The Isle of Arran Distillery opened in 1995, making it one of the first wave of new Scottish distilleries in the modern era. Three decades on, the Arran 10 has become one of those quiet success stories — a whisky that wins awards year after year without ever generating the breathless hype that surrounds its Campbeltown neighbours. It won Best Value Whisky at the Online Scotch Whisky Awards three years running, earning a Trifecta in 2024. That kind of consistency does not happen by accident.
The whisky is matured primarily in ex-bourbon barrels with a proportion of sherry cask stock, bottled at 46% without chill filtration or added colour. The distillery sits in Lochranza at the north end of the island, drawing its water from Loch na Davie, and the spirit is characterised by a bright, fruity quality that reflects Arran's mild Gulf Stream climate.

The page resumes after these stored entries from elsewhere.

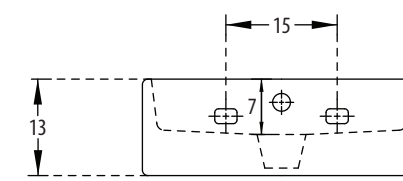

FRONT ELEVATION

Features

- Sleek dynamic shaped basin
- Designed to complement Viva EWC
- Colours: Starwhite & Ivory
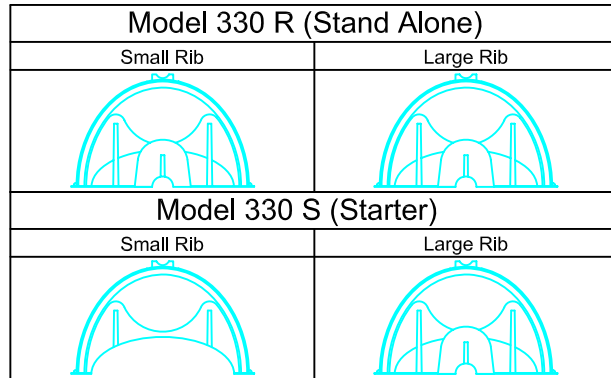

CULTEC RECHARGER 330 SECTION VIEW

CULTEC RECHARGER 330 CHAMBER STORAGE = 7.459 CF/LF
 ALL RECHARGER 330HD HEAVY DUTY UNITS ARE MARKED
 WITH A COLOR STRIPE FORMED INTO THE PART ALONG
 THE LENGTH OF THE CHAMBER.

DATE
 3/15/05

SCALE
 N/S

File Name
 R-330 3V. dwg
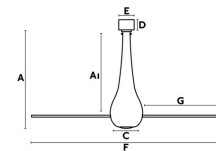

Class: I

Material: Motor made from steel and blades PC

Designer: FARO TEAM

Recommended bulb:

Length: 1280 mm

Net Width: 1280 mm

Height: 640 mm

Diameter: 1280 Ø

Net Weight: 6.00 kg

Volume: 0.08350 m3

A	AI	B	C	D	E	F	G
640/25.2"	630/24.8"	-	Ø160/6.3"	60/2.3"	Ø130/5.1"	Ø1280/50.4"	555/21.8"

8421776164369
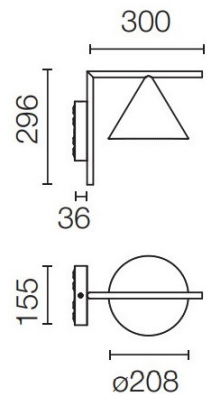

Captain Flint Outdoor LED Wall Light by Flos

The Captain Flint outdoor wall lamp is part of the [Flos Captain Flint collection](#), a range defined by simple and geometric lines. The structure is made from a straight rod that holds the lampshade, seemingly dangling it in mid-air. The shade has a lovely coned shape that allows the light flow to spread evenly and glow downwards, being an inviting and warm illumination.

PRODUCT SPECIFICATION

Light Source: 11W, 2700K, 1055 lumens
 or
 11W, 3000K, 1133 lumens
 or
 11W, 4000K, 1211 lumens

IP Code: 65

Dimensions: Ø20.8cm
 30cm depth
 29.6cm height

For all sales and technical enquiries, please contact:
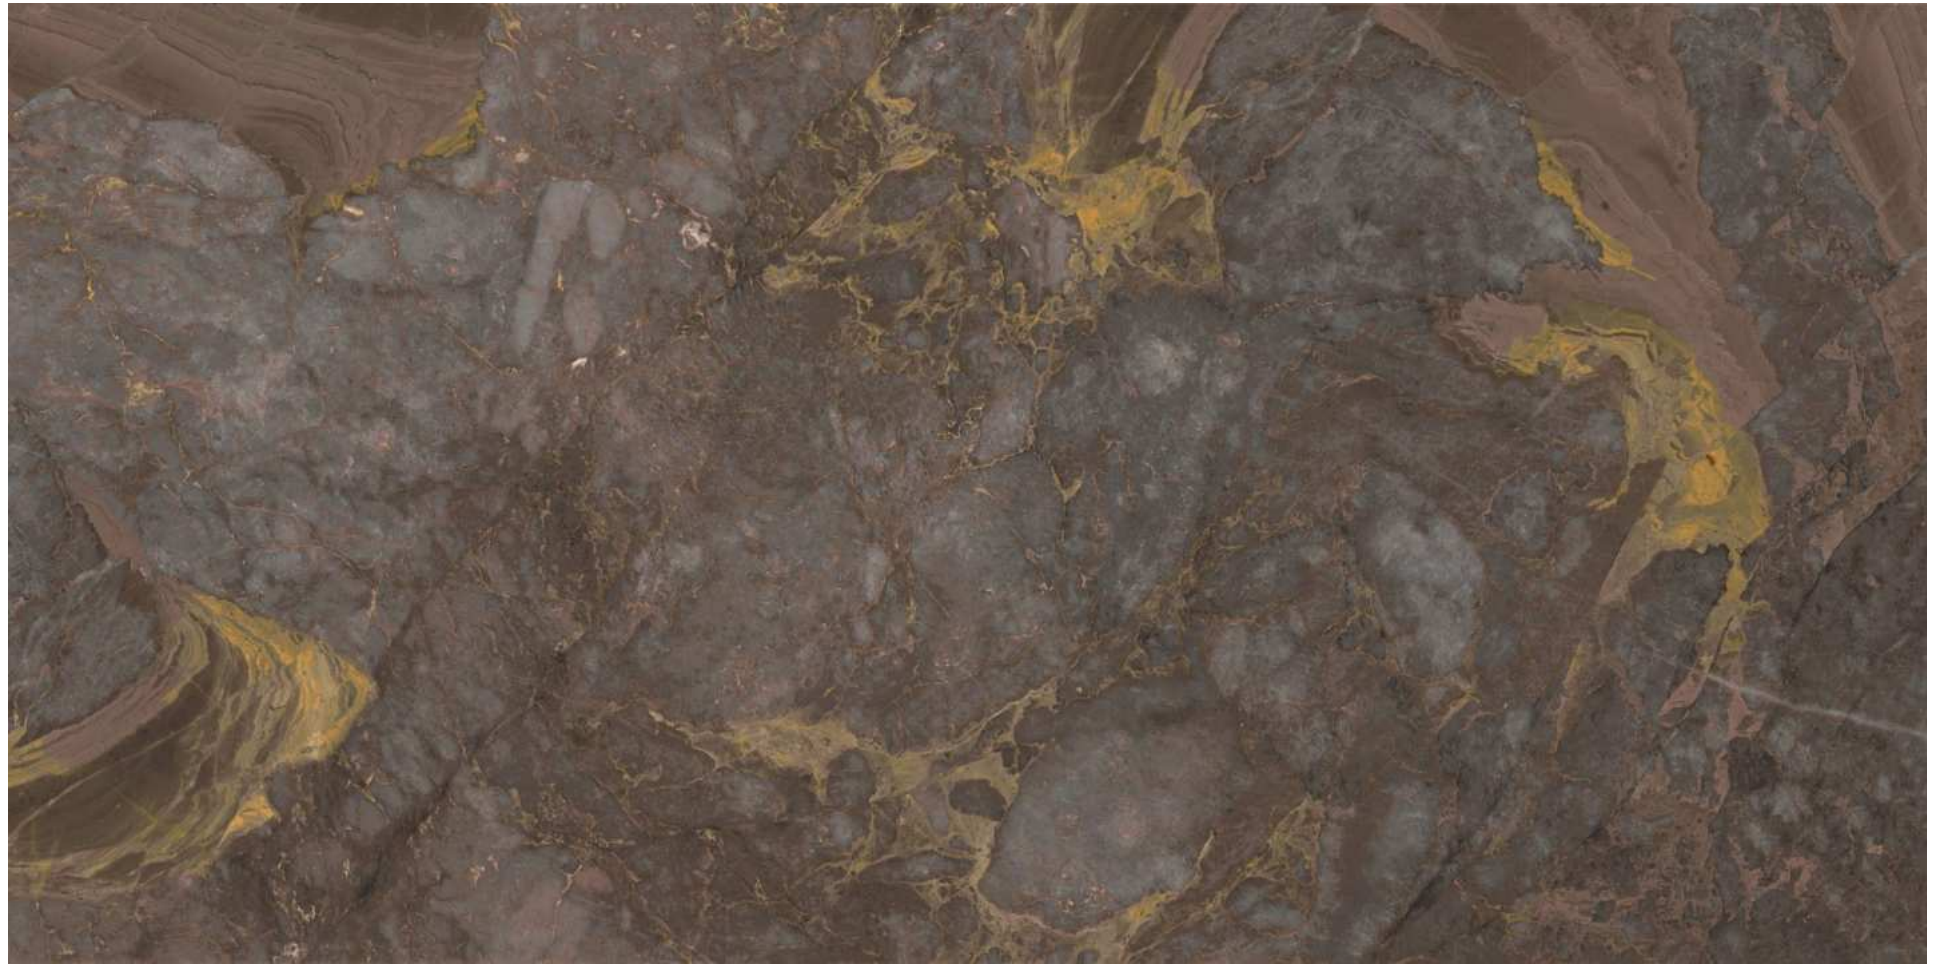

PURPLE MING
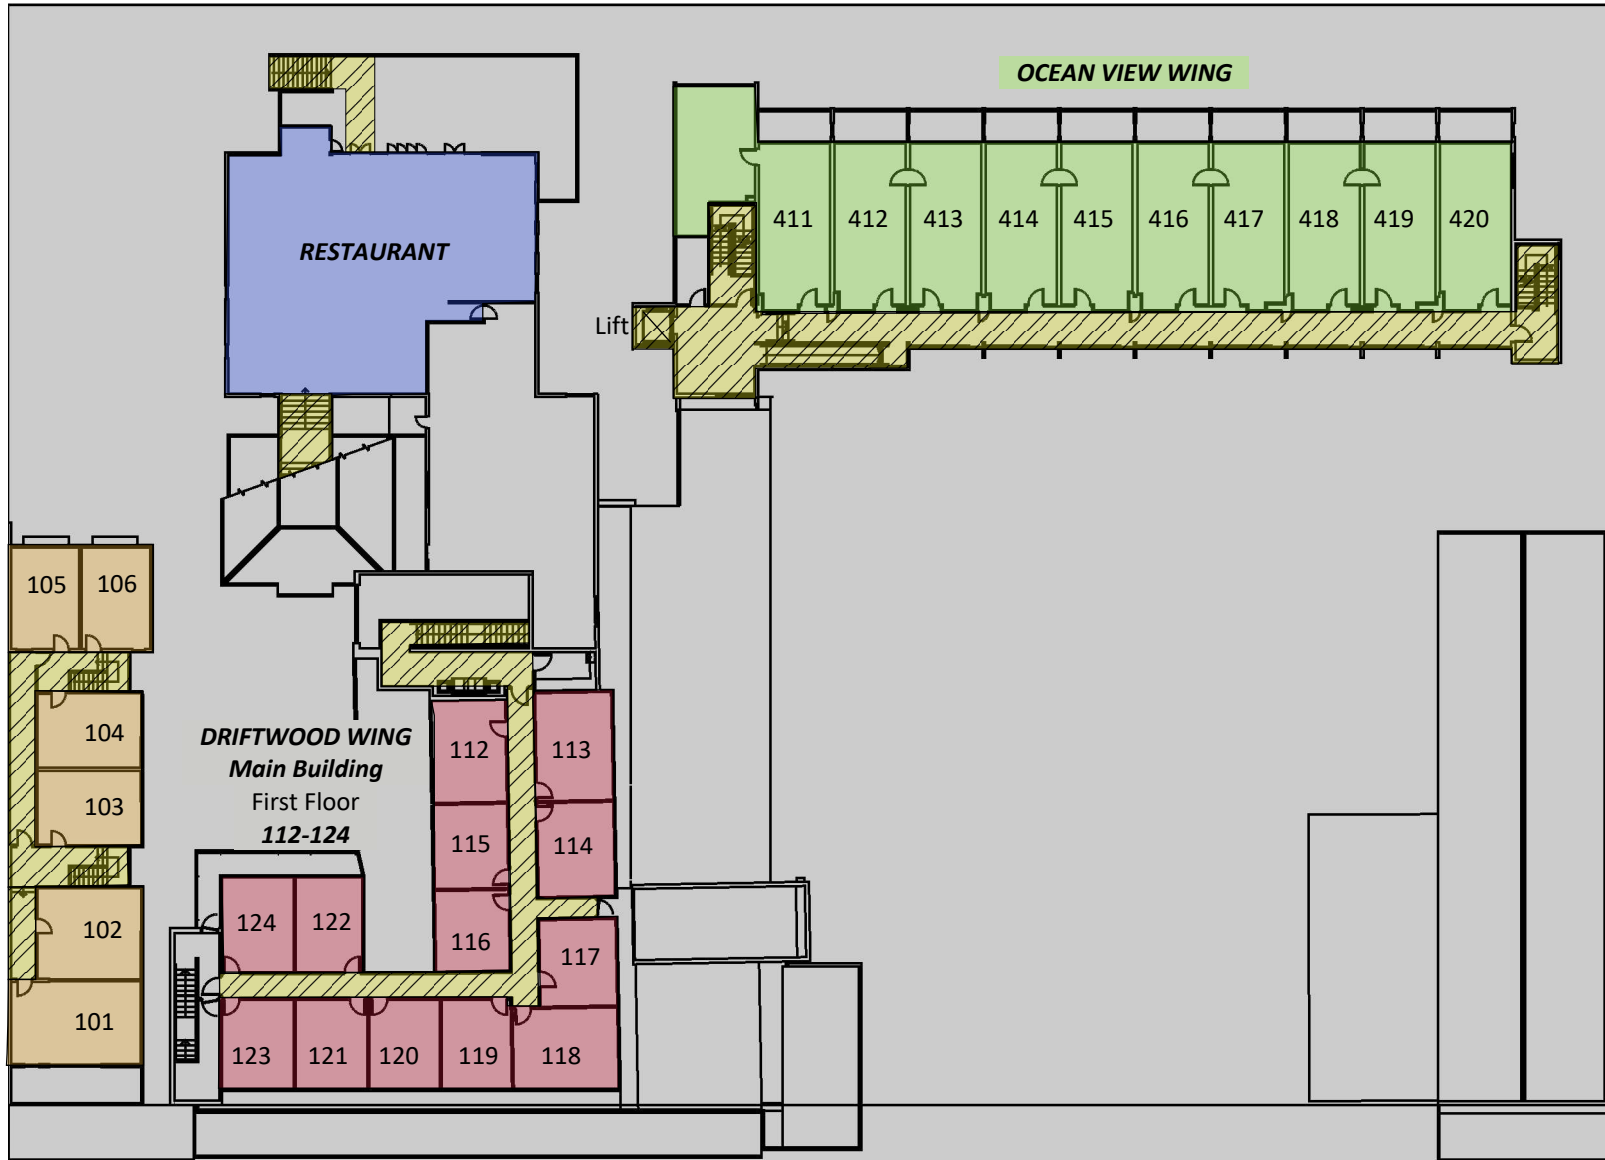

Beach Street

OCEAN VIEW WING

- Ground Floor
401-410
- First Floor
411-420
- Second Floor
421-430
- Third Floor
Penthouse Suite 501

DRIFTWOOD WING

- Florist Block*
- Ground Floor
107-110
- First Floor
101-106

DRIFTWOOD WING

- Main Building*
- Ground Floor
130-140
- First Floor
101-106

Revell Street

Ground Floor Level

OCEAN VIEW WING
 Ground Floor
401-410
 First Floor
411-420
 Second Floor
421-430
 Third Floor
Penthouse Suite 501

DRIFTWOOD WING
 Florist Block
 First Floor
101-106

DRIFTWOOD WING
 Main Building
 First Floor
112-124

First Floor Level

Second Floor Level

Third Floor Level
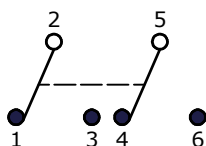

ISOMETRIC

RECOMENDED MOUNTING

SWITCH FUNCTION		
POS. 1	POS. 2	POS. 3
(ON)	OFF	(ON)
2-3, 5-6	OPEN	2-1, 5-4

(ON)=MOMENTARY

CIRCUIT: DPDT

NOTE:

1. ALL DIMENSIONS IN MM [INCH]
2. GENERAL TOLERANCE: X.X=±0.4
X.XX=±0.25
3. TERMINAL NUMBERS FOR REF ONLY
- ▲ 4. PLATING MATERIAL: SILVER
5. RATING: 2 AMPS @250VAC
5 AMPS @120VAC OR 28VDC
6. ELECTRIC LIFE: 50,000 MAKE-AND-BREAK CYCLES AT FULL LOAD.
7. INSULATION RESISTANCE: 1,000 MEGA-OHM MIN.
8. DIELECTRIC STRENGTH: 1,000 V RMS @SEA LEVEL.
9. OPERATING TEMP.: -30°C to 85°C
10. ▲ DENOTES CRITICAL PARAMETER.

The nose is immediately appealing: limoncello, stewed apples, ripe oranges, barley sugar, almond, and a dash of cinnamon with a background of hay and cut grass. The palate is malty and honest — digestive biscuits, brown sugar, lemon, Cox's apple peel, and green fruit — with a refreshing absence of heavy oak. This is a whisky that lets the spirit lead.
The finish is surprisingly long for a 10-year-old, with a touch of anise lingering at the very end. It is unpretentious, excellent value, and genuinely delicious — the sort of bottle that belongs on every whisky shelf, not as a conversation piece but as the one you actually reach for.